Кое-кто из старых агентов, начавших службу в израильской разведке задолго до получения Израилем независимости, был обеспокоен тем, что Харел пока что оголил крайне важные для Израиля участки работы. На эти возражения Харел отвечал так же, как отвечал Бен-Гуриону. «Лучше обходиться совсем без агентов, чем иметь множество таких, которые не отдают себе отчета в том, что делают».
Даже много лет спустя он настаивал на том, что именно эти его действия обеспечили Мосаду успех. На стиль работы Харела время не влияло. Это объяснялось не только особенностями его характера, но и опытом, приобретенным на посту руководителя Шин Бет. К моменту своего прохода в Мосад Харел уже был типичным разведчиком, суперполицейским в самом простом и недвусмысленном значении этого слова. Он изучал методы работы ЦРУ, английской разведки и КГБ, чтобы иметь возможность организовать контршпионаж. Ему было слишком хорошо известно, сколько вреда может принести плохо обученный агент. Как человек наблюдательный, он усвоил и все нюансы своей профессии, извлекая для себя пользу и из чужих ошибок. Охотник за шпионами, сам ставший шпионом, имеет определенные преимущества.

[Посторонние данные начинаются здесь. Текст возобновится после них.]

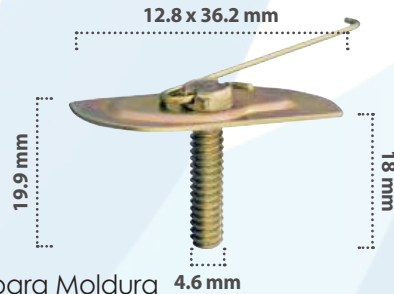

15 pzas

Grapa para Moldura
Material: Nylon
Color: Blanco

20615

25 pzas

Grapa para Moldura
Material: Zinc
Color: Dorado

21797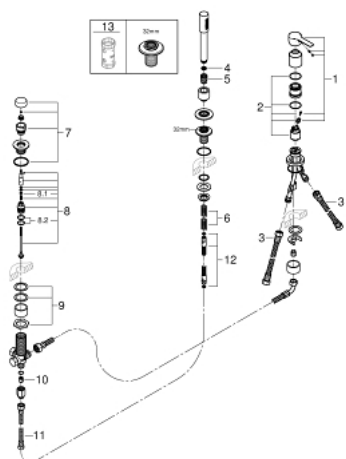

## 19 965 001 LINEARE GRIFERÍA PARA BAÑERA

### DESCRIPCIÓN DEL PRODUCTO

- Colour: Cromo
- 3 orificios
- GROHE SilkMove cartucho cerámico 3.5 cm
- GROHE LongLife acabado
- Mando individual de operación
- Desviador: ducha/tina
- metal stick hand shower
- metal shower hose 2000 mm (always chrome for any colour of the set)
- Mangueras de conexión flexible
- Conexión para manguera flexible de ducha
- Protección de válvulas antirretorno
- Para uso con 29037000
- Para combinar con 28990000 o 28991000
- Presión mínima recomendada 1 Kg

### RECAMBIOS , julio 2016 – now

- 1: Palanca accionamiento (Spare part-nr. 46983000)
  - 2: Cartucho (Spare part-nr. 46374000)
  - 3: Latiguillo (Spare part-nr. 07227000)
  - 4: Filtro (Spare part-nr. 0700200M)
  - 5: tuerca cónica (Spare part-nr. 08864000)
  - 6: Muelle para flexo (Spare part-nr. 00869000)
  - 7: Mando del inversor (Spare part-nr. 46721000)
  - 8: Inversor (Spare part-nr. 45443000)
  - 8.1: Junta tórica (Spare part-nr. 0128300M)
  - 8.2: Junta tórica (Spare part-nr. 0120500M)
  - 9: Juego fijación (Spare part-nr. 45444000)
  - 10: Racor con Válvula anti-retorno (Spare part-nr. 08565000)
  - 11: Latiguillo (Spare part-nr. 07300000)
  - 12: GROHE Rapido U (Spare part-nr. 28146000)
  - 13: Llave para desmontaje (Spare part-nr. 19332000)\*
- \* Optional accessories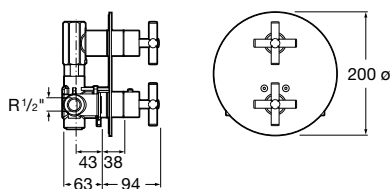

488,50 €

Sprchový stĺp

Kg chróm

Sprchový stĺp; nástenná batéria, hlavová sprcha, ručná sprcha, hadica, posuvný držiak sprchy, chróm,

75A9743C00

11,50

902,24 €

Thesis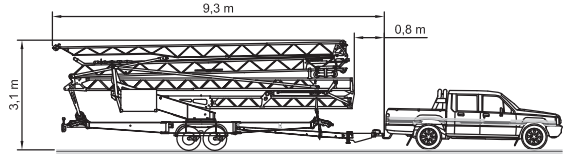

m	3,6	4	5	6	7	8	9	10	11	12	13	14	14,8
kg	1500	1355	1091	910	778	678	600	536	484	441	403	371	350

	230V (±10%) 50 Hz	3kVA			
	m/l'	▶	▶▶	▶▶▶	▶▶▶▶
	kg	1500	1500	600	350 ↑ 600 ↓
	kW	4 (Inverter)			
	m/l'	▶	▶▶	▶▶▶	
	kW	13.4	21.5	40 (↗30)	
		1,1 (inverter)			
	n/l'	▶	▶▶	▶▶▶	
	kW	0,2	0,5	1	
		0,75 (inverter)			
	min	▶			
	kW	9			
		0,55			
	70-80 km/h		3498 kg		0 kg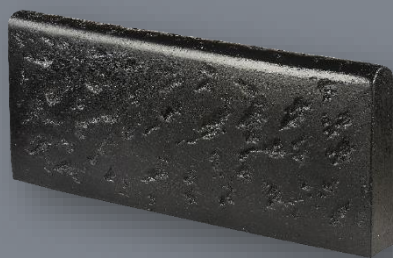

Du traditionnel au contemporain...

Les Bordures 2 faces

Embellissez vos allées avec ces bordures
 décorées sur 2 faces...

Bordure arrondie PM 2 faces
 Ton pierre Réf. 212332
 Ton anthracite Réf. 085304
 Long. 50 cm
 Larg. 5 cm
 Ht. 15 cm
 Poids unitaire : 7,8 Kg

Prix à l'unité

Bordure arrondie 2 faces H 21 cm
 Ton pierre Réf. 212726
 Ton anthracite Réf. 212727
 Long. 50 cm
 Larg. 5,5 cm
 Ht. 21 cm
 Poids unitaire : 9,5 Kg

Prix à l'unité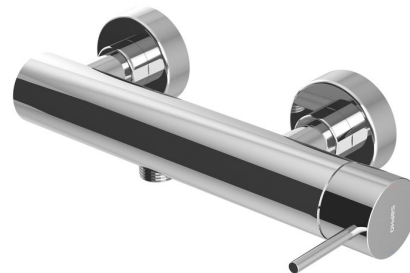

Objednací kód: UT011

Základné informácie

Značka: Sapho
Séria: ULTRAMIX

Rozmery

Šírka: 262 mm
Výška: 60 mm
Hĺbka: 98 mm

Vlastnosti

Farba: Chróm
Materiál: Mosadz
Tvar: Kruhové
Inštalácia: Nástenná 150 mm
Druh ovládania: Páka
Hmotnosť / ks: 2.876 kg
Balenie: 2 ks
Záruka: 6 rokov

Náhradné diely

Náhradná kartuša 35mm (Objednací kód: ACCR004)

Technický list

Исер Харел своим внешним обликом плохо соответствовал сложившимся в обществе представлениям о суперагенте. В то время, когда под его начало передали Мосад, ему было сорок лет, но казался он пятидесятилетним. Он был мал ростом — всего 155 см и толст (позднее он, правда, похудел). По одежде его можно было принять за педантичного банковского клерка.
В Израиле принято называть друг друга просто по имени, но Харел пошел дальше и настаивал на том, что он «Исер» и для своего шофера, и для швейцара. Он работал по восемнадцать часов в сутки и ожидал того же и от других. Тех, кого он недолюбливал, он просто выживал. О тех, кого любил, заботился, как о родных детях. По своему интеллекту Харел не мог сравниться с Гуриелем, Шилоаху он уступал по своим творческим возможностям. Не во всякой ситуации он чувствовал себя хозяином положения, и во многих областях он был просто невежествен. В его образовании были большие пробелы, и его представления о мире оказались крайне поверхностны. Наконец, Харел был человеком с предрассудками. Но при всем этом он в полной мере обладал способностью внушать своим подчиненным чувство преданности. И до сих пор все, кто с ним работал, даже признавая его недостатки, продолжают испытывать к нему нечто вроде обожания и остаются его сторонниками в спорах с израильским правительством.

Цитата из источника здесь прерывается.